Diametralmente opposta l'analisi di Nicholas Eberstadt, che non ha mai creduto che la strategia di Pyongyang fosse quella di ottenere il riconoscimento politico di Washington e aiuti per la sopravvivenza in cambio della sospensione del programma nucleare, ma che al contrario perseguisse una «strategia chiara allo scopo dotarsi effettivamente di un arsenale nucleare, facendo in modo che la comunità internazionale accettasse gradualmente l'idea della Corea del Nord potenza nucleare». «Ciò che non è chiaro è se la nuova amministrazione Usa lo ha capito e se ha una sua strategia per affrontare la proliferazione nucleare nordcoreana».

Senza ripercorrere tutte le tappe dei «tragicomici sforzi occidentali per impedire a Pyongyang di soddisfare le sue ambizioni», Eberstadt cita l'errore ricorrente, cioè di «trattare la Corea del Nord come lo stato che avremmo voluto che fosse, invece di prenderlo per ciò che effettivamente è. Non otterremo risultati finché non li prenderemo seriamente, finché non capiremo cosa vogliono dal mondo, piuttosto che pensare a ciò che secondo noi dovrebbero volere». La prima cosa da riconoscere è che è uno stato «revisionista», «un regime profondamente insoddisfatto dell'assetto attuale e fondamentalmente impegnato a trasformarlo. Non accetta il predominio di un ordine economico mondiale giudicato imperialista, non accetta lo stato considerato fantoccio che occupa la metà meridionale della sua penisola e l'architettura di sicurezza americana che permette la continuazione di questi oltraggi». Il secondo fatto da riconoscere è che «l'opzione nucleare è al momento la migliore, e forse l'unica che ha per poter sperare di realizzare i suoi obiettivi revisionisti».

Wednesday, June 10, 2009

Vera svolta o solo minacce a mezzo stampa?

Sulla Corea del Nord, all'interno dell'amministrazione Obama, scrive oggi Christian Rocca su Il Foglio, sarebbe in corso una «svolta improvvisa, inattesa e in controtendenza rispetto, per esempio, alla strategia diplomatica nei confronti delle mire nucleari dell'Iran». In pratica, alla luce delle recenti provocazioni da parte di Pyongyang (i test nucleari e missilistici e la condanna ai lavori forzati di due giornaliste americane), la Casa Bianca, il Dipartimento di Stato e il Pentagono «sono arrivati alla conclusione che la politica degli incentivi in cambio della rinuncia ai programmi nucleari non funziona». Addirittura, nell'amministrazione si sentono usare toni alla Bolton e «gli analisti di politica estera vicini a Obama cominciano a parlare apertamente di cambio di regime», mentre H. Clinton ha detto che sta studiando l'ipotesi di reinserire il regime nordcoreano nella lista degli stati sponsor del terrorismo internazionale.

Le dichiarazioni di Obama a Parigi, la settimana scorsa: non intendo continuare con «una politica che premia le provocazioni» e ripenserò «in modo approfondito al modo di procedere sulla questione... Non credo che si debba dare per scontato che continueremo sulla linea del passato, quella secondo cui la Corea del Nord destabilizza costantemente la regione e noi reagiamo sempre allo stesso modo, premiandoli». Le parole del segretario alla Difesa, Robert Gates: «Sono stanco di comprare due volte lo stesso cavallo». «Clinton c'è cascato una volta, Bush un'altra. Non ci cascheremo anche noi», ha detto un anonimo della Casa Bianca citato dal New York Times, il giornale - fa bene a ricordare Rocca - «attraverso cui Obama conduce la sua politica estera».
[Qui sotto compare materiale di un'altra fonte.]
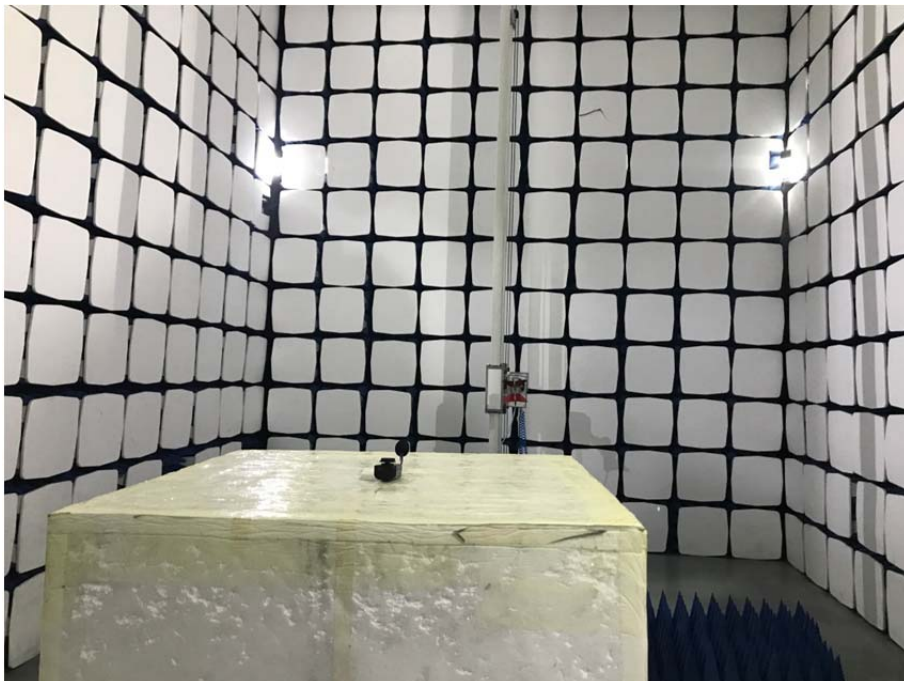


EXHIBIT 4 - TEST SETUP PHOTOGRAPHS

Conducted Emission Test Setup

Radiation Emission Test Setup (Below 30MHz)

Radiation Emission Test Setup (30MHz to 1GHz)

Radiation Emission Test Setup (1GHz to 18GHz)

Radiation Emission Test Setup (Above 18GHz)

Altri funzionari hanno detto al NYT che «Obama ha già deciso di non offrire più nuovi incentivi per smantellare il complesso nucleare di Yongbyon che i nordcoreani avevano già promesso di abbandonare tre volte». Il team di sicurezza nazionale di Obama, scrive Rocca citando il quotidiano, «ha cambiato scenario».
«Si è reso conto, come ha sempre detto John Bolton, che la priorità di Pyongyang non è quella di ricattare per ottenere soldi, cibo, petrolio, ma quella di essere riconosciuta come la capitale di uno stato nucleare. Gli uomini di Obama, soprattutto, hanno fatto trapelare al Times che la nuova interpretazione della Casa Bianca dei continui test militari nordocoreani è che siano una specie di spot pubblicitario del regime, il modo di Kim Jong Il di esporre la propria merce sul mercato globale e provare a venderla a chiunque sia interessato ad acquistare tecnologia nucleare».
E «questo cambia interamente la dinamica del nostro approccio», avrebbe detto al NYT un altro consigliere per la sicurezza nazionale.
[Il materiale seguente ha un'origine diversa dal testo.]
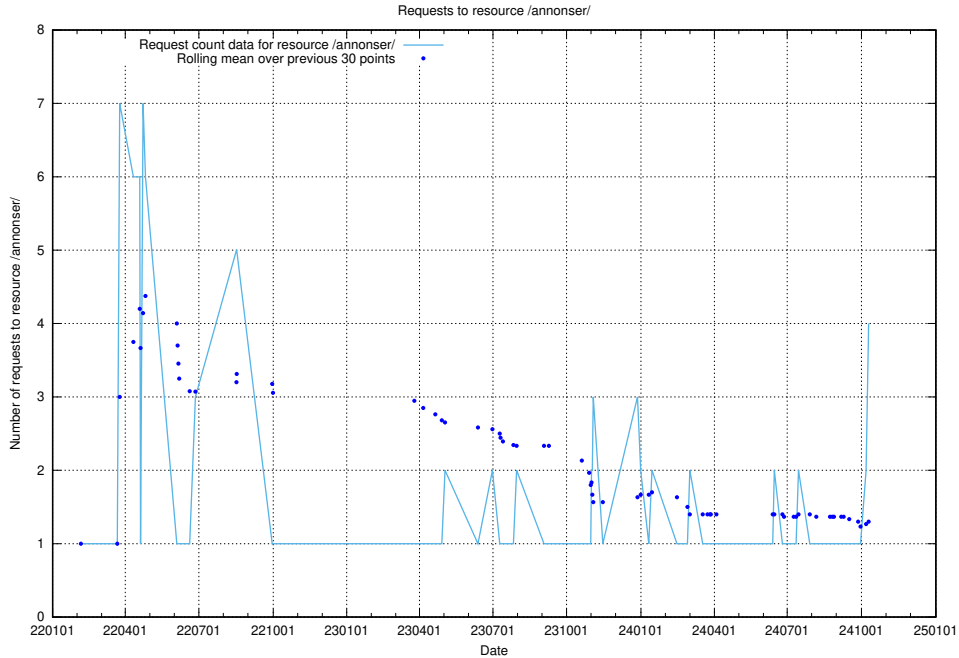

5.318 Usage of /annonser/

Here, we count the number of requests to resource /annonser/.
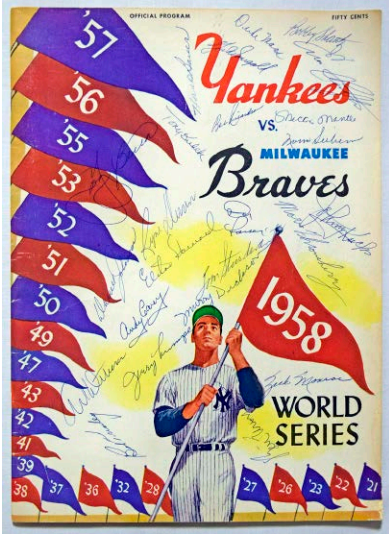

Baseball Autographs

Secondo Rocca, la condanna delle due giornaliste «ha soltanto messo la sordina a un cambio di strategia che a Washington è già in via di esecuzione». C'è da augurarselo. L'amministrazione, osserva Rocca, «non ha soltanto elevato il tono della voce, si sta impegnando ad ampio raggio con una serie di misure diplomatiche e militari per accerchiare» la Corea del Nord: stretta alle sanzioni; embargo finanziario da parte della Corea del Sud; e, con l'aiuto della Cina, fermare le spedizioni aeree e navali nordcoreane sospettate di portare armi o tecnologia nucleare.
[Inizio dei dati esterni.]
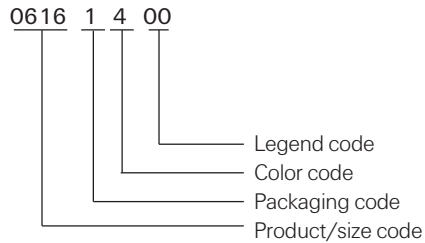

Z-Type® markers are a simple, cost-effective solution for many commercial wire identification applications. The markers are supplied either straight cut or chevron cut: the chevron cut option ensures the legends remain aligned. Standard Z-Type® markers are yellow or white with black legends and can be supplied as loose pieces packed in boxes or on reels. Color coded markers are also available.

Features and benefits

- Resistant to sea water, fuels and oils
- 9 sizes covering wire diameters from 1.5mm to 12.7mm (0.06 inches to 0.5 inches)
- Applicator wands available for easy marker installation

Specifications/approvals

Tyco Electronics TTDS-026

Temperature rating

Operating temperature range -45°C to +70°C -50°F to +158°F

Part numbering system

Z-Type® push-on wire markers

Ordering information

Size code (straight cut)	Size code (chevron cut)	Marker size	Marker Length (mm)	Pack quantity	Cable diameter	
					mm	inches
0580	1151	5	4.5	1000	1.5 - 2.0	0.06 - 0.08
0581	1152	7	4.5	1000	2.0 - 3.2	0.08 - 0.13
0615	1153	9	4.5	1000	2.5 - 4.0	0.10 - 0.16
0616	1154	11	4.5	1000	2.9 - 4.7	0.11 - 0.19
0617	1155	13	4.5	1000	3.4 - 5.7	0.13 - 0.22
0618	1156	15	4.5	1000	3.8 - 6.3	0.15 - 0.25
0620	1157	18	4.5	500	4.3 - 6.9	0.17 - 0.27
0622	1158	23	6.0	500	5.5 - 8.9	0.22 - 0.35
0624	1159	35	6.0	250	7.9 - 12.7	0.31 - 0.50

Packaging Code

1 Box 3 Reel

Color Code (Available for All Legends)

4 Yellow 9 White

Packaging Options available

Straight Cut		Chevron cut	
White marker with black legend:	Boxes, reels	White marker with black legend:	Boxes
Yellow marker with black legend:	Reels	Yellow marker with black legend:	Reels
Color coded	Boxes	Color coded	Boxes, reels

Il rischio, visto che Pyongyang da tempo ha fatto sapere che considererebbe il blocco navale «un atto di guerra», è uno scontro aperto. Per questo Cina e Russia «tentennano nel dare il sostegno alla risoluzione del Consiglio di sicurezza dell'Onu, presentata dagli americani, che autorizza esplicitamente a fermare i cargo norcoreani». Secondo la ricostruzione del NYT, scrive Rocca, «stanno cercando di convincere i cinesi che senza un loro coinvolgimento diretto l'America sarà costretta ad aumentare la presenza militare nella regione e, probabilmente, a non poter più fermare le richieste giapponesi di dotarsi anche loro di un arsenale nucleare». Quella di Obama è una vera svolta, o sono solo minacce per provare a smascherare l'ennesimo bluff di Kim? Lo vedremo nelle prossime settimane.

«Il cambio di regime a Pyongyang è la soluzione», ha ammesso John Nagl, presidente del Center for a New American Security (think tank da cui Obama ha preso uomini e idee), a Il Foglio: «Non c'è contraddizione con il resto della politica estera della Casa Bianca, perché Kim Jong Il sta commettendo un genocidio nei confronti del suo popolo». Finalmente se ne sono accorti. Chissà che nel destino di Obama non ci sia di portare la democrazia ai confini della Cina, riunificando le due coree.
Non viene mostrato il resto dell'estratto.